> **Work instruction**: Search the records for the string "Manley" and return each line that has it.

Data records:
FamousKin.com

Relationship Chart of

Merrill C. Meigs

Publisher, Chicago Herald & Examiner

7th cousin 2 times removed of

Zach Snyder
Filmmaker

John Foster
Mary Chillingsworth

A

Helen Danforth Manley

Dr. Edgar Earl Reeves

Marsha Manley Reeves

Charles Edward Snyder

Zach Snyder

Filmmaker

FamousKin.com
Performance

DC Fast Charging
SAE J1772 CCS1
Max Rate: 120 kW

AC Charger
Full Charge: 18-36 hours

---

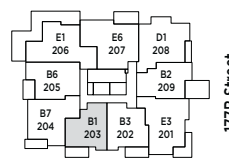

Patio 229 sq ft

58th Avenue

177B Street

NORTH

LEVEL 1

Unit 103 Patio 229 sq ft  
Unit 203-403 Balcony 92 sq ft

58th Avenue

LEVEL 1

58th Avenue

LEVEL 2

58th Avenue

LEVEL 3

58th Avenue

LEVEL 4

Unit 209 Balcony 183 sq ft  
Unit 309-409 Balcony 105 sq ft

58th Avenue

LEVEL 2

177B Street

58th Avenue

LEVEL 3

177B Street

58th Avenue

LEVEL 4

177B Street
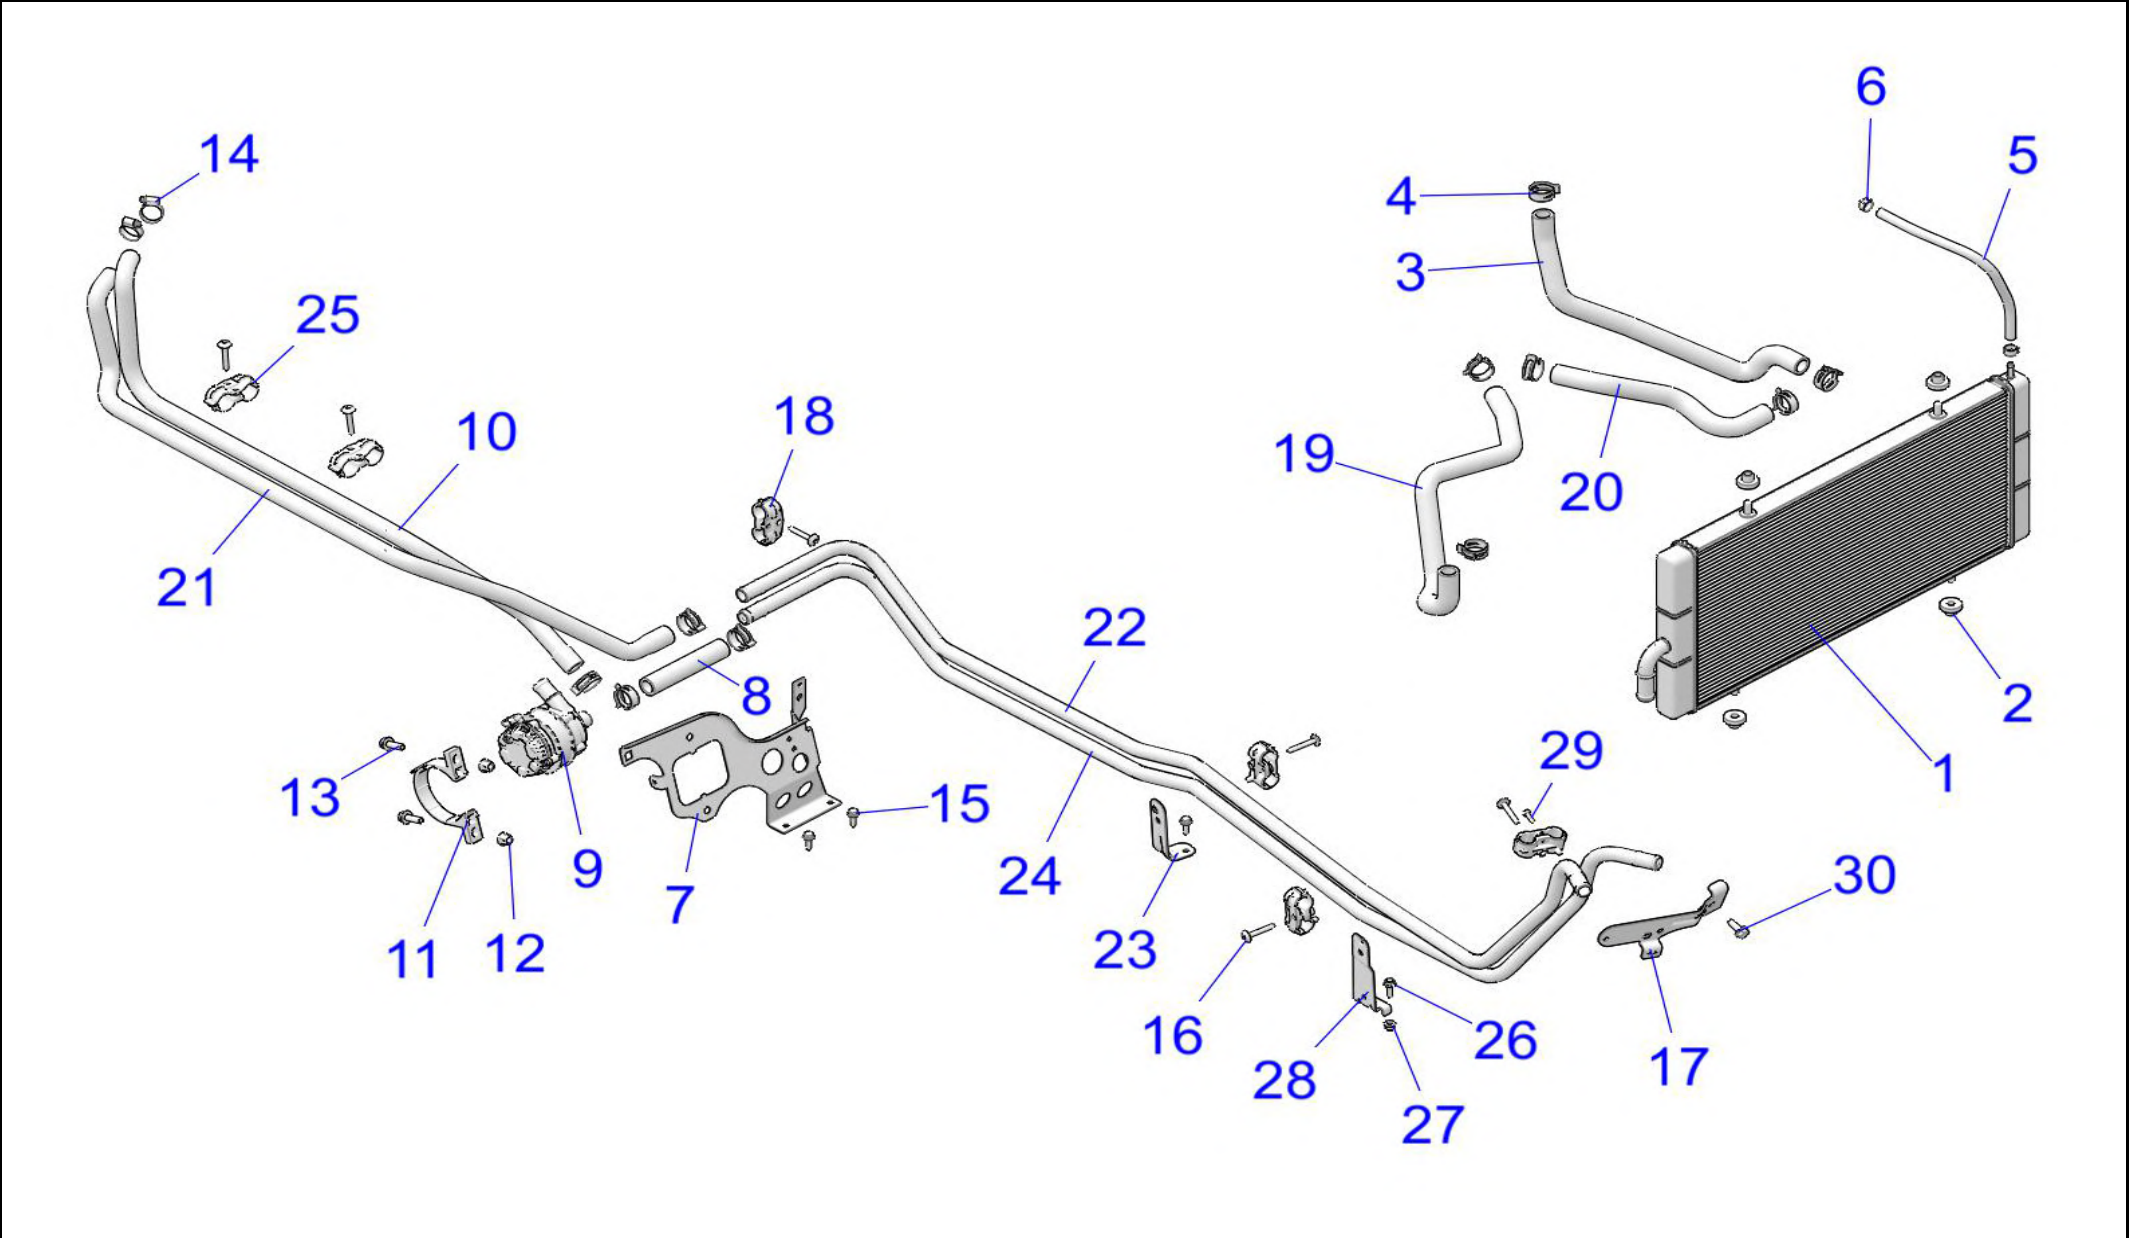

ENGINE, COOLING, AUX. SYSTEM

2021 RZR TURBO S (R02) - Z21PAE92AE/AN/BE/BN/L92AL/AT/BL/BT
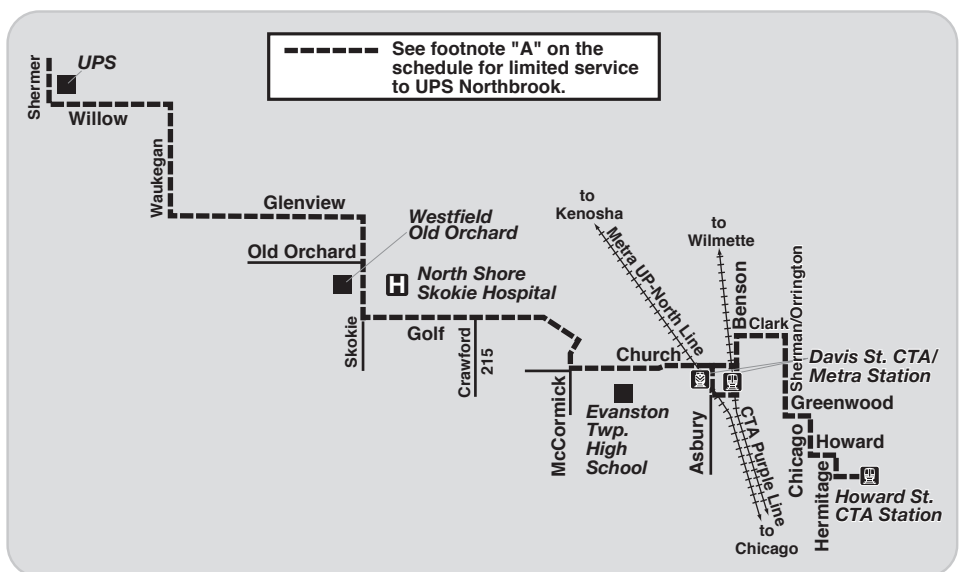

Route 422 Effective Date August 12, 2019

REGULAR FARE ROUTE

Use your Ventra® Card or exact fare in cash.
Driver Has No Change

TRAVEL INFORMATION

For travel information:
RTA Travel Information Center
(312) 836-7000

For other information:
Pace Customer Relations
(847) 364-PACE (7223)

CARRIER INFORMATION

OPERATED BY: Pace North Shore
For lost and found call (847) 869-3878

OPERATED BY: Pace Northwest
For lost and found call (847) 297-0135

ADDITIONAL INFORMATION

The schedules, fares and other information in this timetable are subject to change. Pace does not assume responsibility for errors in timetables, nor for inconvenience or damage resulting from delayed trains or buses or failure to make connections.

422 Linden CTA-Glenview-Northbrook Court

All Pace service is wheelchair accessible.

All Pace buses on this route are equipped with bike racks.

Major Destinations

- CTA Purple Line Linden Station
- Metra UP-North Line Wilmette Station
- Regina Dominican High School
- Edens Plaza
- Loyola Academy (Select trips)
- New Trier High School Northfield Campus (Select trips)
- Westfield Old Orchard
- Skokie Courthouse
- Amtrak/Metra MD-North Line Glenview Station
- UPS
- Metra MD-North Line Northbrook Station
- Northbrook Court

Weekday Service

> **Solution for this task**:
Helen Danforth Manley
Marsha Manley Reeves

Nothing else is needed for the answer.